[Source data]
◇ ◇ ◇ ◇ ◇

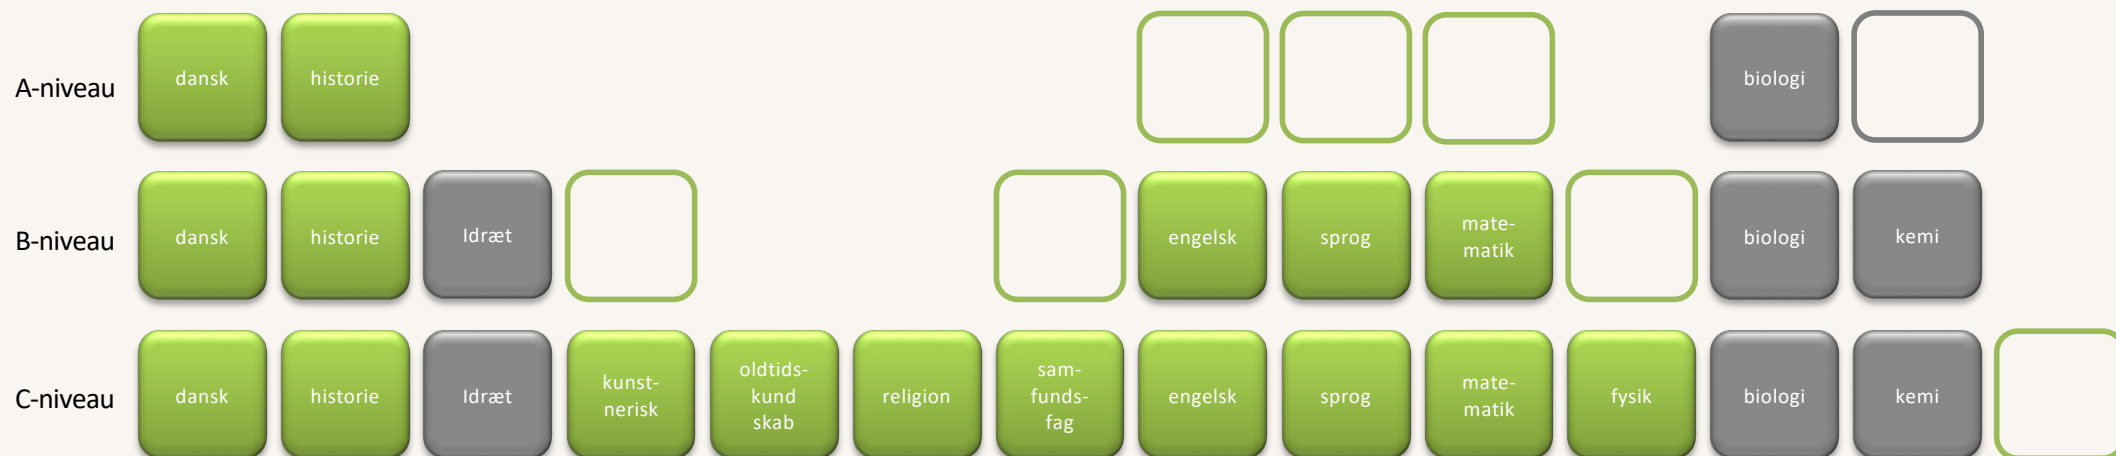

Studieretningsfag

Obligatoriske fag

Valgfag

Grundforløbsfag

Bemærkninger

*Hvis du har spansk A har du ikke noget valg her.

04i Biologi A – Kemi B – Idræt B (Sundhed og idræt)

A A/B/C

-  Studieretningsfag
-  Obligatoriske fag
-  Valgfag
-  Mulige placeringer af valgfag

Valg i studieretningen

Biologi A, Kemi B, Idræt B (Sundhed og idræt)

A

I denne studieretning har du **2 valgfag**. Du skal som minimum hæve et fag til **A-niveau**.

A/B/C

Mulige fag på **A-niveau**:

engelsk, fransk, tysk, kemi og matematik (spansk A tæller for et valgfag)

Mulige fag på **B-niveau**:

fysik, samfundsfag, billedkunst, dramatik og musik (de tre sidstnævnte forudsætter, at du har haft faget på C-niveau i 1.g)
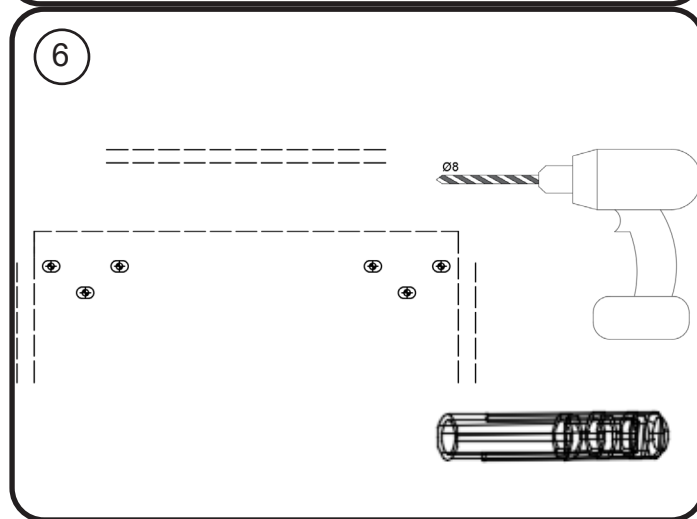

KUNSTSTOF KLEUREN / MAT GELAKT - MÉLAMINE / LAQUÉ MAT

T45A

DETREMMERIE

BATHROOM FURNITURE

OPMERKINGEN / REMARQUES: GS@DETREMMERIE.BE

GELAKTE / RAL KLEUREN - LAQUÉ / RAL

montage wastafelblad / assemblage de l'étagère du lavabo

wastafel ondersteuning (kunst marmertop solid) support de bassin (marbre d'art/ top solid)
(W13,W23, W24, W27, W34, W37) X= 120

wastafel ondersteuning (kunst marmer/top solid) support de bassin (marbre d'art/ top solid)
(W13,W23, W24, W27, W34, W37) 2 kasten / meuble >120 cm
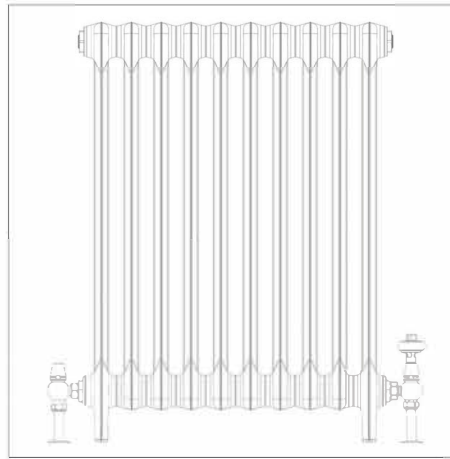

Milano

NUMBER OF SECTIONS	HEIGHT (MM)	WIDTH (MM)	DEPTH (MM)	PIPE CENTRES (MM)	BTU T30	BTU T50	BTU T65	WATT T30	WATT T50	WATT T65
4	860	263	101	353	614	1194	1681	180	350	493
5	860	321	101	411	768	1491	2098	225	437	615
6	860	379	101	469	918	1788	2516	269	524	737
7	860	437	101	527	1071	2088	2939	314	612	861
8	860	496	101	586	1225	2385	3356	359	699	984
9	860	554	101	644	1379	2685	3779	404	787	1107
10	860	612	101	702	1532	2982	4197	449	874	1230
11	860	670	101	760	1686	3279	4614	494	961	1352
12	860	728	101	818	1839	3579	5037	539	1049	1476
13	860	787	101	877	1993	3876	5455	584	1136	1599
14	860	845	101	935	2146	4176	5877	629	1224	1722
15	860	903	101	993	2300	4473	6295	674	1311	1845
16	860	961	101	1051	2450	4770	6713	718	1398	1967
17	860	1019	101	1109	2603	5070	7135	763	1486	2091
18	860	1078	101	1168	2757	5367	7553	808	1573	2213
19	860	1136	101	1226	2911	5668	7975	853	1661	2337

Milano

NUMBER OF SECTIONS	HEIGHT (MM)	WIDTH (MM)	DEPTH (MM)	PIPE CENTRES (MM)	BTU T30	BTU T50	BTU T65	WATT T30	WATT T50	WATT T65
20	860	1194	101	1284	3064	5964	8393	898	1748	2460
21	860	1252	101	1342	3218	6261	8811	943	1835	2582
22	860	1310	101	1400	3371	6562	9233	988	1923	2706
23	860	1369	101	1459	3525	6858	9651	1033	2010	2828
24	860	1427	101	1517	3678	7159	10074	1078	2098	2952
25	860	1485	101	1575	3832	7456	10491	1123	2185	3075
26	860	1543	101	1633	3982	7752	10909	1167	2272	3197
27	860	1601	101	1691	4136	8053	11332	1212	2360	3321
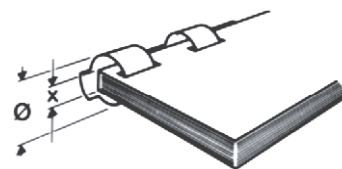

Preisliste 0808 / 120
RENZ Plastik - Bindesysteme

Seite 1

RENZ Plastikbindung

RENZ PLASTIKBINDERÜCKEN in EURO- und US-TEILUNG

Bei Bestellung bitte angeben: EURO- oder US-Teilung

Bis zu 50 mm Blockstärke.

USA-Teilung | 6 mm | 8 mm | 1,5 mm

EURO-Teilung | 5 mm | 7 mm | 6 mm

EURO-TEILUNG
12 mm
Gerätetyp: 33
24 Ringe auf DIN A4

USA-TEILUNG
14,28 mm
Gerätetyp: 34
21 Ringe auf DIN A4

**RENZ Plastikbinderücken
in Format DIN A4***

EURO-Teilung 24 Ringe - US-Teilung 21 Ringe

Wahl des Durchmessers:
Blockstärke „x“ + 2 bis 3 mm

Preise in CHF per 100 Stück zzgl. MwSt.

| Durchmesser mm | für ca. Blattzahl 70 - 80 g | Verpackungseinheit Stück | Preise in CHF per 100 Stück 21 Ringe USA | Preise in CHF per 100 Stück 24 Ringe EURO | | |
|--------------------------------------------------------------------------------|-----------------------------|--------------------------|------------------------------------------|-------------------------------------------|--------------------------------------------------------|--|
| 6 | 30 | 100 | 12.40 | 27.00 | Plastikbinderücken 24 Ringe nur in weiss erhältlich | |
| 8 | 50 | 100 | 14.60 | 29.40 | | |
| 10 | 70 | 100 | 17.30 | 35.55 | | |
| 12 | 90 | 100 | 24.30 | 45.45 | | |
| 14 | 110 | 100 | 29.20 | 51.10 | | |
| 16 | 130 | 100 | 34.60 | 64.50 | | |
| 19 | 160 | 50 | 42.15 | 70.80 | | |
| 22 | 190 | 50 | 51.20 | 83.25 | | |
| 25 | 220 | 50 | 67.00 | 106.05 | | |
| 28 | 250 | 25 | 80.00 | 115.15 | | |
| RENZ Plastikbinderücken ovale Form DIN A4 mit 2 Sicherheitsverschlüssen | | | | | | |
| 32 | 280 | 25 | 87.00 | 188.80 | | |
| 38 | 340 | 25 | 101.50 | 208.75 | | |
| 45 | 410 | 25 | 117.00 | 222.35 | | |
| 52 | 470 | 25 | 128.00 | 235.85 | | |
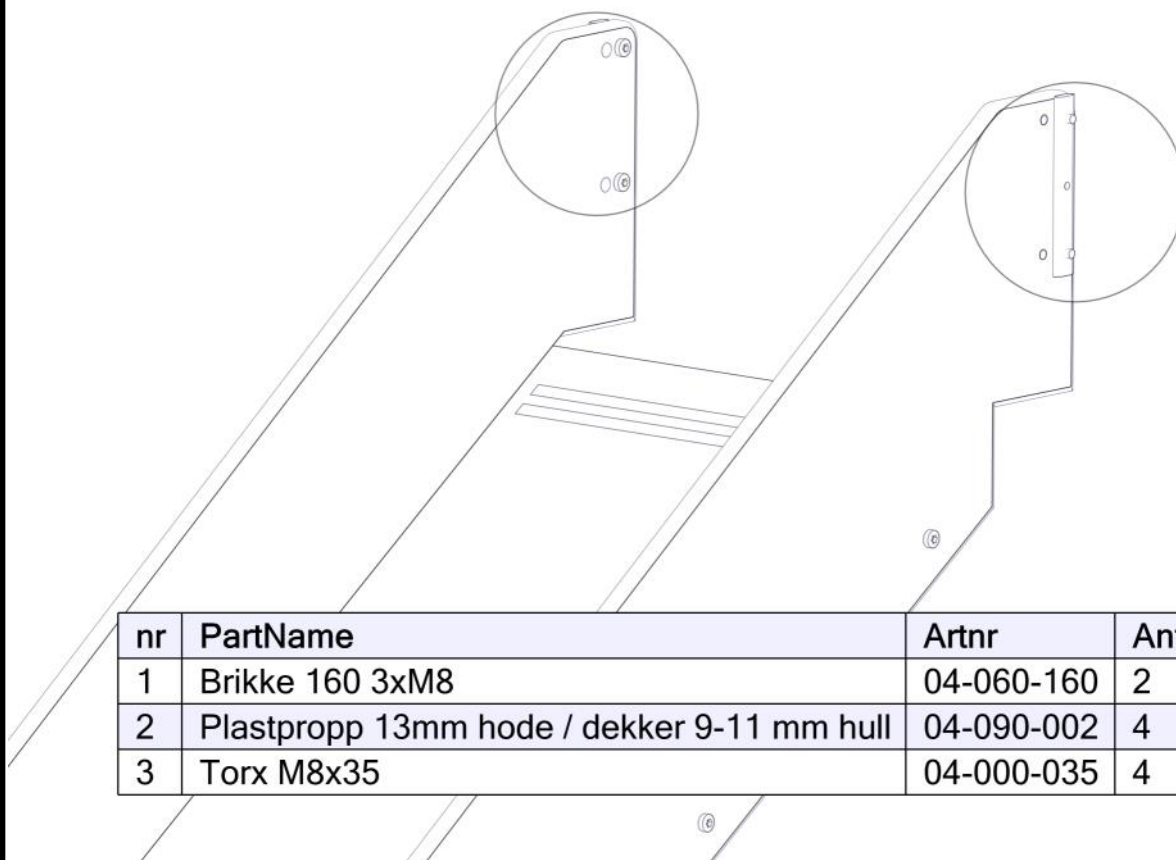

Montering av lekeapparatet / Assembly instructions / Montering av lekredskapet

nr	PartName	Artnr	Antall
1	Brikke 160 3xM8	04-060-160	2
2	Plastpropp 13mm hode / dekker 9-11 mm hull	04-090-002	4
3	Torx M8x35	04-000-035	4

◇ ◇ ◇ ◇ ◇

## What to produce
Word for word, return all the entries and skip their pictures.

## Answer for this exercise
Studieretningsfag

Obligatoriske fag

Valgfag

Grundforløbsfag

Bemærkninger

*Hvis du har spansk A har du ikke noget valg her.

04i Biologi A – Kemi B – Idræt B (Sundhed og idræt)

A A/B/C

-  Studieretningsfag
-  Obligatoriske fag
-  Valgfag
-  Mulige placeringer af valgfag

Valg i studieretningen

Biologi A, Kemi B, Idræt B (Sundhed og idræt)

A

I denne studieretning har du **2 valgfag**. Du skal som minimum hæve et fag til **A-niveau**.

A/B/C

Mulige fag på **A-niveau**:

engelsk, fransk, tysk, kemi og matematik (spansk A tæller for et valgfag)

Mulige fag på **B-niveau**:

fysik, samfundsfag, billedkunst, dramatik og musik (de tre sidstnævnte forudsætter, at du har haft faget på C-niveau i 1.g)

KUNSTSTOF KLEUREN / MAT GELAKT - MÉLAMINE / LAQUÉ MAT

T45A

DETREMMERIE

BATHROOM FURNITURE

OPMERKINGEN / REMARQUES: GS@DETREMMERIE.BE

GELAKTE / RAL KLEUREN - LAQUÉ / RAL

montage wastafelblad / assemblage de l'étagère du lavabo

wastafel ondersteuning (kunst marmertop solid) support de bassin (marbre d'art/ top solid)
(W13,W23, W24, W27, W34, W37) X= 120

wastafel ondersteuning (kunst marmer/top solid) support de bassin (marbre d'art/ top solid)
(W13,W23, W24, W27, W34, W37) 2 kasten / meuble >120 cm

Milano

NUMBER OF SECTIONS	HEIGHT (MM)	WIDTH (MM)	DEPTH (MM)	PIPE CENTRES (MM)	BTU T30	BTU T50	BTU T65	WATT T30	WATT T50	WATT T65
4	860	263	101	353	614	1194	1681	180	350	493
5	860	321	101	411	768	1491	2098	225	437	615
6	860	379	101	469	918	1788	2516	269	524	737
7	860	437	101	527	1071	2088	2939	314	612	861
8	860	496	101	586	1225	2385	3356	359	699	984
9	860	554	101	644	1379	2685	3779	404	787	1107
10	860	612	101	702	1532	2982	4197	449	874	1230
11	860	670	101	760	1686	3279	4614	494	961	1352
12	860	728	101	818	1839	3579	5037	539	1049	1476
13	860	787	101	877	1993	3876	5455	584	1136	1599
14	860	845	101	935	2146	4176	5877	629	1224	1722
15	860	903	101	993	2300	4473	6295	674	1311	1845
16	860	961	101	1051	2450	4770	6713	718	1398	1967
17	860	1019	101	1109	2603	5070	7135	763	1486	2091
18	860	1078	101	1168	2757	5367	7553	808	1573	2213
19	860	1136	101	1226	2911	5668	7975	853	1661	2337

Milano

NUMBER OF SECTIONS	HEIGHT (MM)	WIDTH (MM)	DEPTH (MM)	PIPE CENTRES (MM)	BTU T30	BTU T50	BTU T65	WATT T30	WATT T50	WATT T65
20	860	1194	101	1284	3064	5964	8393	898	1748	2460
21	860	1252	101	1342	3218	6261	8811	943	1835	2582
22	860	1310	101	1400	3371	6562	9233	988	1923	2706
23	860	1369	101	1459	3525	6858	9651	1033	2010	2828
24	860	1427	101	1517	3678	7159	10074	1078	2098	2952
25	860	1485	101	1575	3832	7456	10491	1123	2185	3075
26	860	1543	101	1633	3982	7752	10909	1167	2272	3197
27	860	1601	101	1691	4136	8053	11332	1212	2360	3321

Preisliste 0808 / 120
RENZ Plastik - Bindesysteme

Seite 1

RENZ Plastikbindung

RENZ PLASTIKBINDERÜCKEN in EURO- und US-TEILUNG

Bei Bestellung bitte angeben: EURO- oder US-Teilung

Bis zu 50 mm Blockstärke.

USA-Teilung | 6 mm | 8 mm | 1,5 mm

EURO-Teilung | 5 mm | 7 mm | 6 mm

EURO-TEILUNG
12 mm
Gerätetyp: 33
24 Ringe auf DIN A4

USA-TEILUNG
14,28 mm
Gerätetyp: 34
21 Ringe auf DIN A4

**RENZ Plastikbinderücken
in Format DIN A4***

EURO-Teilung 24 Ringe - US-Teilung 21 Ringe

Wahl des Durchmessers:
Blockstärke „x“ + 2 bis 3 mm

Preise in CHF per 100 Stück zzgl. MwSt.

| Durchmesser mm | für ca. Blattzahl 70 - 80 g | Verpackungseinheit Stück | Preise in CHF per 100 Stück 21 Ringe USA | Preise in CHF per 100 Stück 24 Ringe EURO | | |
|--------------------------------------------------------------------------------|-----------------------------|--------------------------|------------------------------------------|-------------------------------------------|--------------------------------------------------------|--|
| 6 | 30 | 100 | 12.40 | 27.00 | Plastikbinderücken 24 Ringe nur in weiss erhältlich | |
| 8 | 50 | 100 | 14.60 | 29.40 | | |
| 10 | 70 | 100 | 17.30 | 35.55 | | |
| 12 | 90 | 100 | 24.30 | 45.45 | | |
| 14 | 110 | 100 | 29.20 | 51.10 | | |
| 16 | 130 | 100 | 34.60 | 64.50 | | |
| 19 | 160 | 50 | 42.15 | 70.80 | | |
| 22 | 190 | 50 | 51.20 | 83.25 | | |
| 25 | 220 | 50 | 67.00 | 106.05 | | |
| 28 | 250 | 25 | 80.00 | 115.15 | | |
| RENZ Plastikbinderücken ovale Form DIN A4 mit 2 Sicherheitsverschlüssen | | | | | | |
| 32 | 280 | 25 | 87.00 | 188.80 | | |
| 38 | 340 | 25 | 101.50 | 208.75 | | |
| 45 | 410 | 25 | 117.00 | 222.35 | | |
| 52 | 470 | 25 | 128.00 | 235.85 | | |

Montering av lekeapparatet / Assembly instructions / Montering av lekredskapet

nr	PartName	Artnr	Antall
1	Brikke 160 3xM8	04-060-160	2
2	Plastpropp 13mm hode / dekker 9-11 mm hull	04-090-002	4
3	Torx M8x35	04-000-035	4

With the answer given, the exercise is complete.